Adam Nevill is an English author of some of the scariest books I've ever read. I'm not easily spooked, but some of his stuff shouldn't be read at night. He specialises in people in (relatively) normal situations where things suddenly take a turn into nasty supernatural occurrences.

Last Days. A film maker is recruited to make a documentary about a cult that imploded in the 70s. Things don't go well. This is one of only two books in the last 20 years that had me sleeping with the lights on.

The Ritual. A hike in Sweden takes a (very literal) turn for the worse when some friends decide to take a short cut through an ancient forest. A study in how personalities disintegrate under (supernatural) pressure.
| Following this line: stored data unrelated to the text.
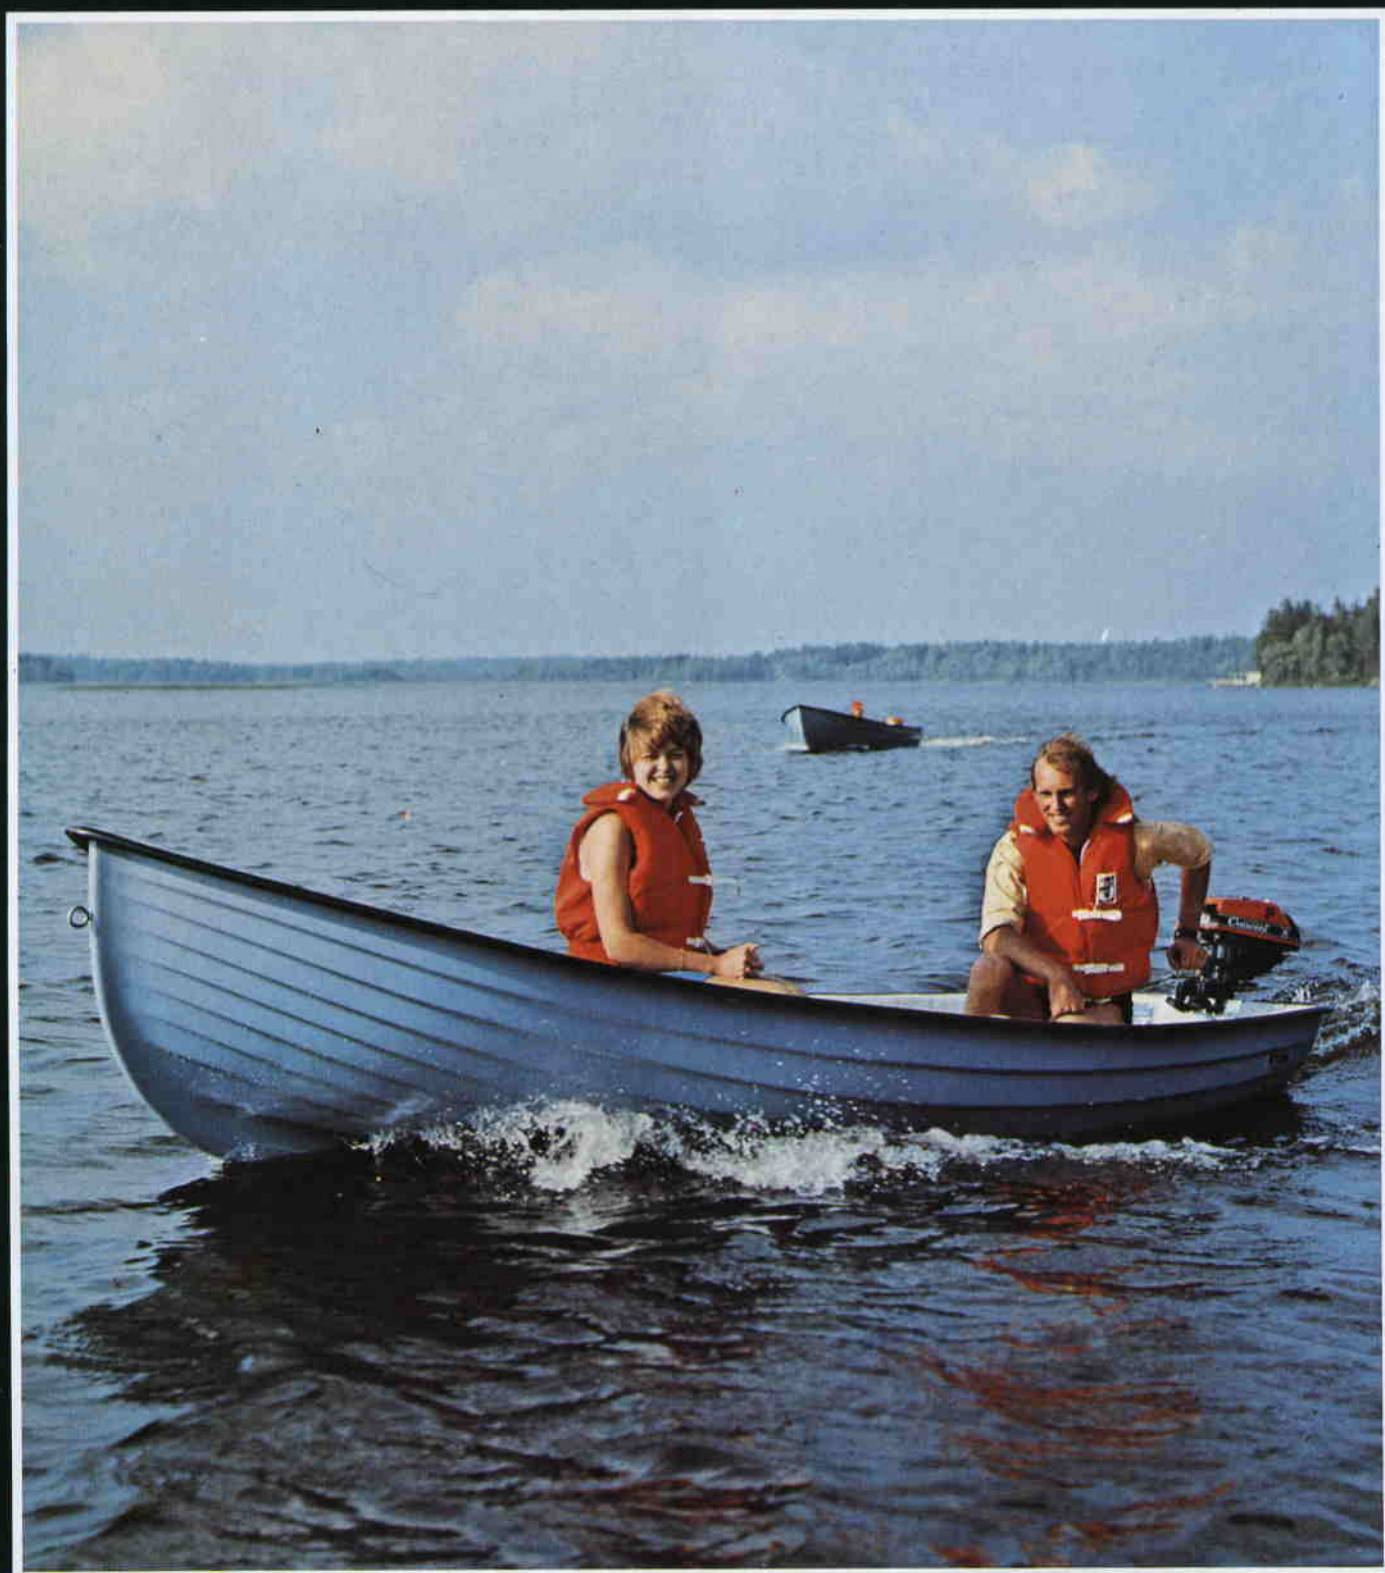

Spiggen

Spiggen

1005

Lättrodd fiskebåt med ett kraftigt enkelskrov av glasfiberarmerad plast i klinkutförande. Den kraftiga kölen gör båten kantringssäker och lätt att segla. Massiva tofter av polyuretanskum som är belagda med glasfiberarmerad plast och helt fastgjutna i skrovet. Dubbelbotten med dränering genom bottensil. Ballastad köl. Åror av lamellimmad gran. OBS! Spiggen är förberedd för segel. Godkänd av Sjöfartsverket.

Specifikation:

Längd: 3,65 m
Bredd: 1,60 m
Fribord: 0,35 m
Vikt: ca 130 kg
Bärighet: 4 vuxna
Motorrek: max 4 HK (standardrigg)

Extra tillbehör:

Segelutrustning
Ett års Sweboatgaranti

RYDS INDUSTRI AB
S-36010 RYD
0459/80510

Apartment 16. A young American woman inherits an apartment in a posh London building. It turns out that there is a reason why there aren't any mirrors.

House of Small Shadows. A woman with a past stays at a house stuffed full of the creations of a dead taxidermist. Things go bump in the night.
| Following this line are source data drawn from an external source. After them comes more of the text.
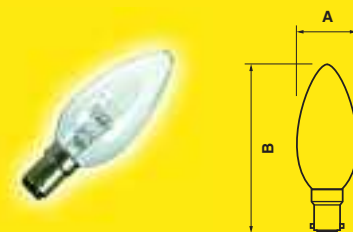

OLIVA CHIARA BA15D

COD.	VOLT	WATT	DIMENSIONI	VITA
336	220	25	35x100	1000
5573	220	40	35x100	1000
337	220	60	35x100	1000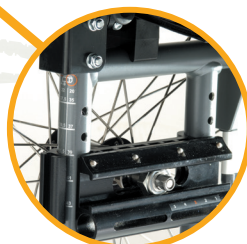

EXIGO 30

Tilpasses på få minutter

Knævinkel 70°, 80°, 90°

Svinghjulsinkel

Armlænsøjde

Ryglænsøjde

Benstøttelængde

Sædeøjde fortil

Ryglænsinkel

Sædeøjde bagtil

Armlæn

Ergonomisk designede armlæn giver forbedret komfort. Polstringerne er dybdejusterbare. Tøjbeskytterne er højdejusterbare.

Benstøtte

Benstøtterne kan justeres til 70°, 80° eller 90° – uden at udskifte komponenter. Sikrer let tilpasning og letter logistik/opbevaring.

Aluminiumbøsninger

Stærke og stabile bøsninger medvirker til forbedret stabilitet og gør stolen lettere at køre.

Exigo 30 X

Exigo 30 X er tilgængelig i sædebredde 54, 57 og 60 cm.

Testet og godkendt til brugervægt op til 160 kg.

TEKNISKE DATA

Sædebredde	36, 39, 42, 45, 48 og 51 cm (X 54, 57 og 60cm)
Sædedybde	
Kort ramme	33-39 cm
Standard ramme	36-45 cm
Lang ramme	42-51 cm
Sædeøjde foran	35,5 cm-52 cm
Ryghøjde	35-45 cm (42-52 cm)
Armlænsøjde	17-24 cm 22-29 cm
Totalhøjde	75-93 cm
Totalbredde	Sædebredde + 18 cm
Transportbredde	28 cm
Totallængde	94-100 cm
Vægt	15-20 kg
Maks. brugervægt	135 kg (X 160 kg)

TILBEHØR

Hemiplegiarmlæn
Basis hoved- og nakkestøtte
Skubbebøjle
Eleverbar benstøtte
Lægstøtte til eleverbar benstøtte
Bord
Amputationsbenstøtte
Amputationsblok
Gipsbenstøtte
Stokkeholder
Dråbekile
Ledsagerbremse
Faconpude
Hoftesele
Egerbeskyttere
Friktionsgreb
Enhåndsbremse
Kropstøtte
Nakkestøtte

No One Gets Out Alive. A young woman, down on her luck, is stuck with living in a house that has some very unpleasant goings on.
posted by veedubya at 4:43 PM on May 24, 2016 [3 favorites]


Also, you might like Mo Hayder. Her Jack Cafferey series starts out as police procedurals, albeit with some weird characters. Later in the series, when Jack moves from London to Bristol, a vague supernatural element is introduced. I've read them all, and I'm still not sure if they would count as 'horror' but they're still scary.

Start with Birdman. If you like that, then you'll have 6 others to read that are just as good, and then some other non-series books.